Caroline Glick being touted for UN ambassador post

A look at Glick's election adventure.

Caroline B. Glick (photo credit: JPOST STAFF)
Caroline B. Glick
(photo credit: JPOST STAFF)
The New Right Party of Naftali Bennett and Ayelet Shaked fell 1,454 votes short of crossing the electoral threshold, but its sixth candidate Caroline Glick expressed confidence that she carried her weight.
In her first interview since the April 9 general election, Glick noted that she helped the New Right win the most votes in her hometown of Efrat, as well as other Anglo strongholds across the country.
“Obviously, I am very disappointed with the overall results of the election, but I am satisfied with my team winning in Gush Etzion and winning Efrat by 10% over the Likud,” she told The Jerusalem Post.
“I had never been in a campaign before, so I am satisfied. With all the disappointment, I can’t see this as anything but successful for me.”
Glick said she had nothing negative to say about her party leaders Bennett and Shaked, and that the country has lost out on their not being in the next cabinet after they succeeded so much in the outgoing government.
“It’s a real shame, because Naftali and Ayelet were really good ministers in their jobs,” Glick said. “She mainstreamed the need for judicial reform that I had been writing about for 15 years. Israelis didn’t understand [that] before. 
“Naftali gave students opportunities they never had. Israel is worse off without them as ministers.”
Bennett and Shaked made Glick their No. 1 draft pick, announcing her as their first candidate after forming the new party. 
They relied on a poll by international strategist Moshe Klughaft that found that Glick could bring in more votes from English speakers than any other potential candidate.
Glick’s Anglo campaign produced 49 English-language events in 60 days, including five mass events, 18 parlor meetings and nine election panels. 
Glick also participated in Hebrew-language panels and events with a large Anglo presence that were sponsored by organizers, such as the Ruderman Foundation, StandWithUs and the Geneva Initiative.
A Houston native raised in Chicago, Glick said there was a direct connection between the places where she campaigned and the overall total votes.
Anglos turned out to be one of the largest bases for the party, winning 33% of the vote in Efrat.
Prime Minister Benjamin Netanyahu’s Likud had 2,596 voters in Gush Etzion in 2015 compared with 2,377 in 2019 – because of the New Right’s success there, even though Likud went up five seats nationally.
In Modi’in, Ra’anana and Ginot Shomron, the party finished in third place behind Likud and Blue and White.
It also did well in Mevaseret Zion, home of Glick’s campaign manager Jeremy Saltan, whom she praised for teaching her to be an effective candidate.
Glick said she was continually impressed by the large audiences who turned out for her events. 
She credited her staff members and volunteers, who were told over and over again that people would be more likely to vote for her party if she was higher on the list.

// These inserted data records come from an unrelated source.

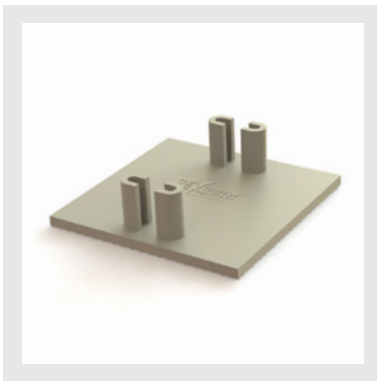

40 Structure Cap

RX-252

WEIGHT
1.41 oz
per unit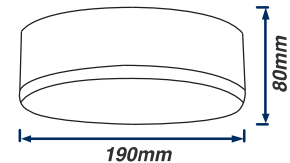

DIMENSIONS

VCLS-LED

OYSTER LIGHT

OLWHO-LED

Type: LED Panel
Wattage: 18 watts
Lumens: 1500-1600Lms
Light Colour: 4200K Natural
Dimmable: Yes

Best fits: Any Ceiling Fan model starting with VCF or DCM
Also Available: B22 lampholder

 “The reaction we got most was people saying: ‘I hope you don’t get in so you can go back to writing your articles in the Post,’” said Matanya Harow, an Efrat resident who was a very active volunteer for Glick’s campaign. 
“She has this phenomenal ability to articulate things. She would have been able to achieve more than any other new MK. 
“The future is bright for her. She still might be an MK later or an ambassador. This whole experience has just given her another layer of depth.”
Glick said she was glad that, thanks to the campaign, she got out key messages about the need for legal reform and applying Israeli law to Area C, which she had repeatedly featured in her Post columns.
“As a writer, I was heartened beyond belief when at the end of the campaign, Netanyahu talked about applying Israeli law to Judea and Samaria,” she said.
“I would feel even more vindicated if the Trump plan won’t call for two states – after 19 years of writing – so we won’t go back on the merry-go-round from Elm Street.
“Nothing is more vindicating than what I wrote in 2013 being adopted in 2019 by leaders of Israel and the United States.”
Glick expressed satisfaction that the threshold was not crossed by the Zehut Party of former Likud MK Moshe Feiglin, who she called “detestable” and whose platform she called “irrational.”
As she did during the campaign, Glick praised Netanyahu, who she said has done a great job as prime minister. She said she backs passing a law to make it illegal to try a sitting prime minister.
“The cases against him are based on legal theories that don’t exist,” she said.
There are now people pushing Netanyahu to appoint Glick as the next ambassador to the United Nations. 
Harow said that the United Nations would be a great place for her to represent the country as an ambassador.
“If he asked me, I would say yes,” Glick said, “because the kind of defense of Israel I’ve done for 19 years in my writing is what Israel deserves at the UN.”